After locating the line with "- Нет необходимости в монт. пластине", reproduce that line and every one following it exactly, up to the end of the entries.

--- EXERCISE INPUT Enclosed Below ---

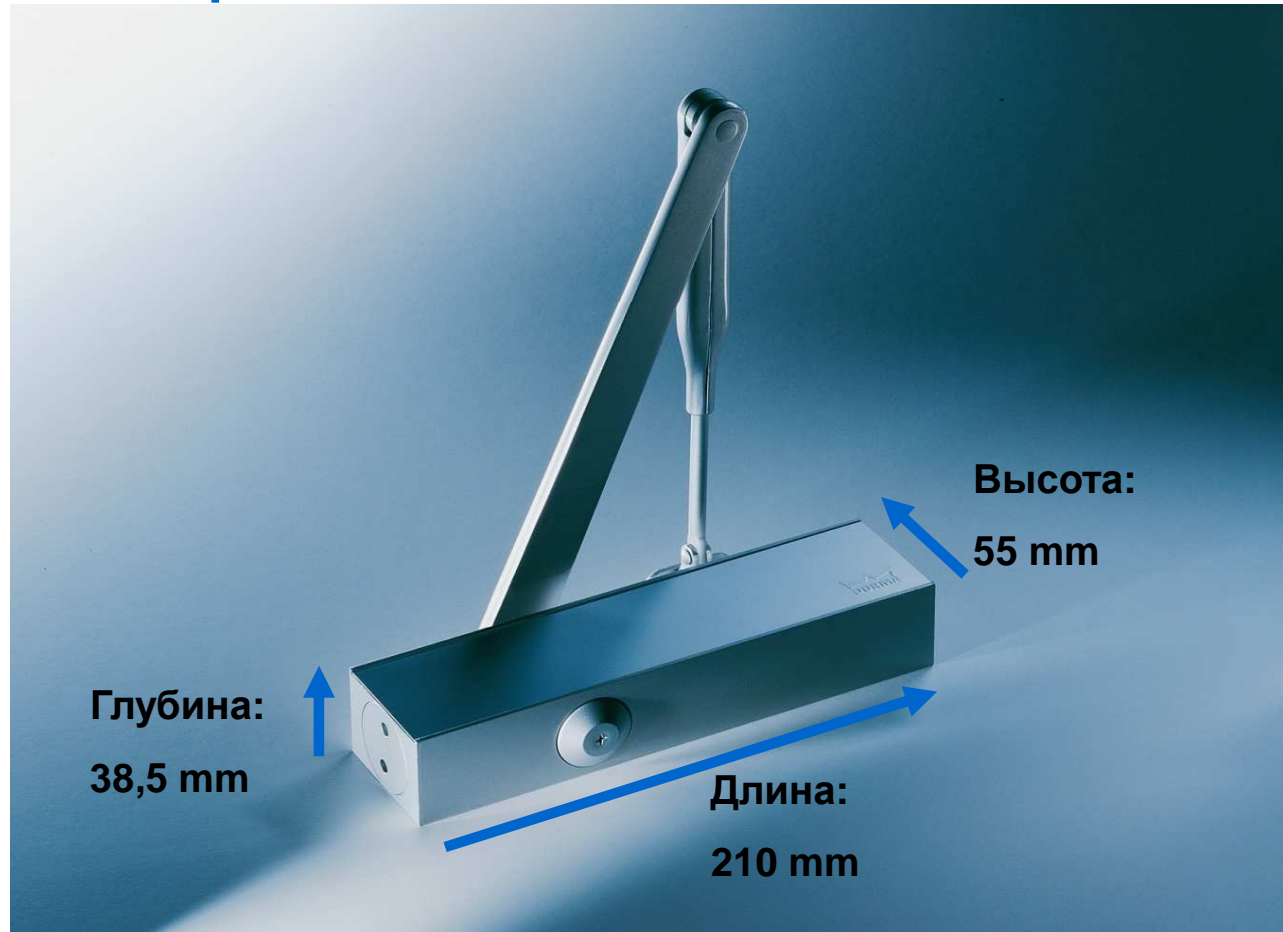

* Кроме EN 5

DORMA TS Profil

Технические характеристики

■ Размеры

Преимущества:

- Сертификат EN 1154 (в т.ч. противопожарный)
- Минимальный фронтальный выступ
- Нет необходимости в монт. пластине
- Универсальный и простой в монтаже

DORMA TS Profil

Технические характеристики

■ Размеры:

DORMA TS Profil

Технические характеристики

■ Независимые гидравлические регулировки:

1 : Регулировка скорости 180° - 15°

2 : Регулировка дохлопа 15° - 0°

--- End of Enclosed EXERCISE INPUT ---

▶ **FINISHED EXERCISE**:
- Нет необходимости в монт. пластине
- Универсальный и простой в монтаже

DORMA TS Profil

Технические характеристики

■ Размеры:

DORMA TS Profil

Технические характеристики

■ Независимые гидравлические регулировки:

1 : Регулировка скорости 180° - 15°

2 : Регулировка дохлопа 15° - 0°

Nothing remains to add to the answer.